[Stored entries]
---
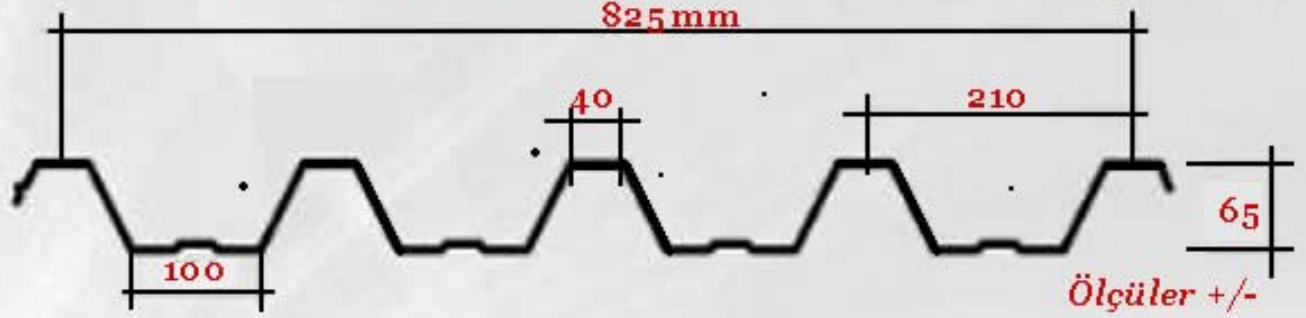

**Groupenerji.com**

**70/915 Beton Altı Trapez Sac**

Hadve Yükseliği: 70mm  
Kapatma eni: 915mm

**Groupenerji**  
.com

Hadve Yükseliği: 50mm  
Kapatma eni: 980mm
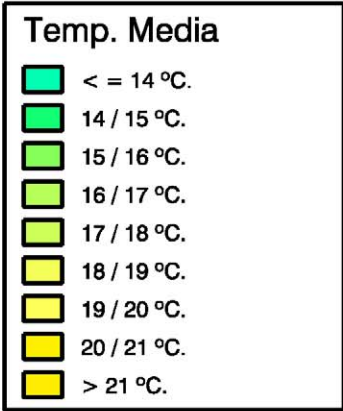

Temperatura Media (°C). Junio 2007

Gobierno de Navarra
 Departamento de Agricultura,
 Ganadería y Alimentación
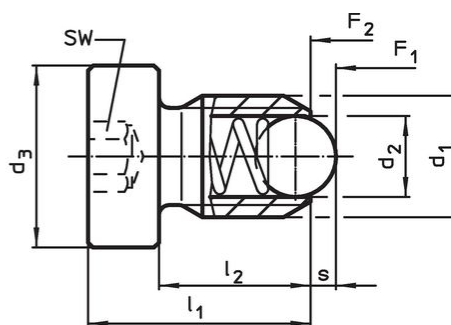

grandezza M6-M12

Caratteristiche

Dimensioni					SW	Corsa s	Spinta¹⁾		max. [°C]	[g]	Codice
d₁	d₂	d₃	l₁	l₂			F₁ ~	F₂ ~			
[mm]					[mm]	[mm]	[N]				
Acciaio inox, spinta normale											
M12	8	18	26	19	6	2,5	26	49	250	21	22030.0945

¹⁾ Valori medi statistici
---
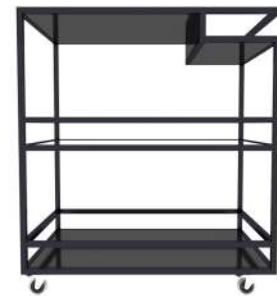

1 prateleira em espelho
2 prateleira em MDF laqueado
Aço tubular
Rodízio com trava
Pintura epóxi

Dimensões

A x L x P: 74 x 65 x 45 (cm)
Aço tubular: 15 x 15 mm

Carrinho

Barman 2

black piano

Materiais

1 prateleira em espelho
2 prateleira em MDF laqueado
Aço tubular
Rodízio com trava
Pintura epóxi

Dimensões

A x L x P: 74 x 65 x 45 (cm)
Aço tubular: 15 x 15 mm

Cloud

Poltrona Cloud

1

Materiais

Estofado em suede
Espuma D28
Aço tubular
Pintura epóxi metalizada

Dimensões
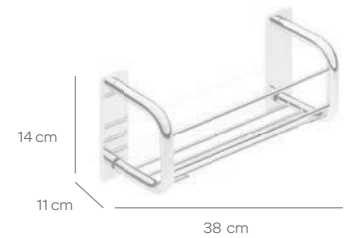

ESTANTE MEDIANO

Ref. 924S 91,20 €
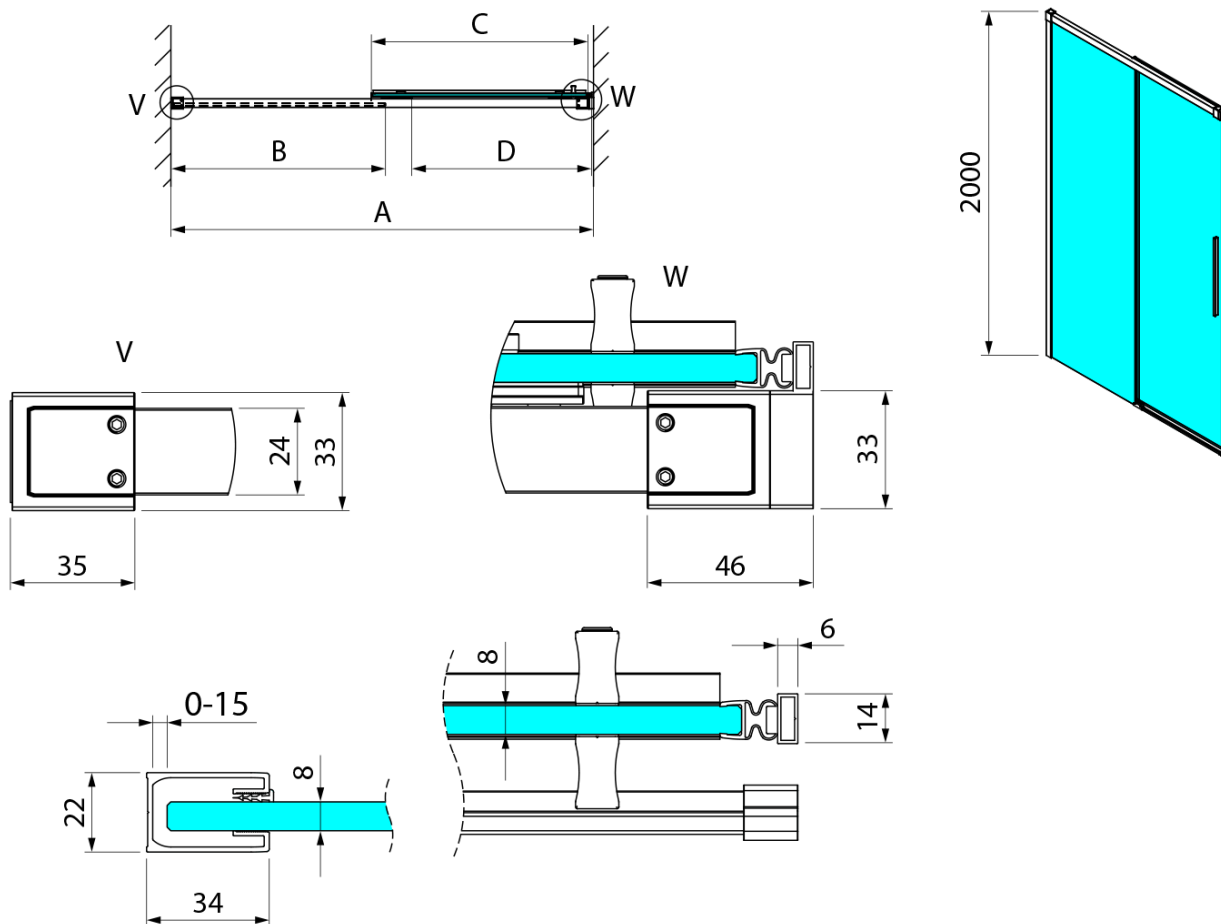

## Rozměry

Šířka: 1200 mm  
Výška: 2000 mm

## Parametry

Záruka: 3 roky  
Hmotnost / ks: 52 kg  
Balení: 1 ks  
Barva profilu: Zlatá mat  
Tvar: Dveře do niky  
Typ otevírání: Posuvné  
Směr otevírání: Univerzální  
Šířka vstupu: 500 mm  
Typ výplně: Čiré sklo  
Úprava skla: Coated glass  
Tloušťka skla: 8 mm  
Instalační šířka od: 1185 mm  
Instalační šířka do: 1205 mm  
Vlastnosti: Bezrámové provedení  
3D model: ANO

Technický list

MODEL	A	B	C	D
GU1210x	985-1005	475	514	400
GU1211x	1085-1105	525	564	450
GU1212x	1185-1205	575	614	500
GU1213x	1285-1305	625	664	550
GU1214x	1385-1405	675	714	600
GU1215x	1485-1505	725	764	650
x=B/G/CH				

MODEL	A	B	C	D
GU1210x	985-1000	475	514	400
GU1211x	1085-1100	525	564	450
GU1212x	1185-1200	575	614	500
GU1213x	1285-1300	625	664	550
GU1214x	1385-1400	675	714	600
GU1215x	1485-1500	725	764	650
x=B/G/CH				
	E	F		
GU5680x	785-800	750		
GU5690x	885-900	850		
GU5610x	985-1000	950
---
### Work order
Gather every line from the entries above where the word "Kapatma" appears, and copy them.

### Response to the exercise
Kapatma eni: 915mm
Kapatma eni: 980mm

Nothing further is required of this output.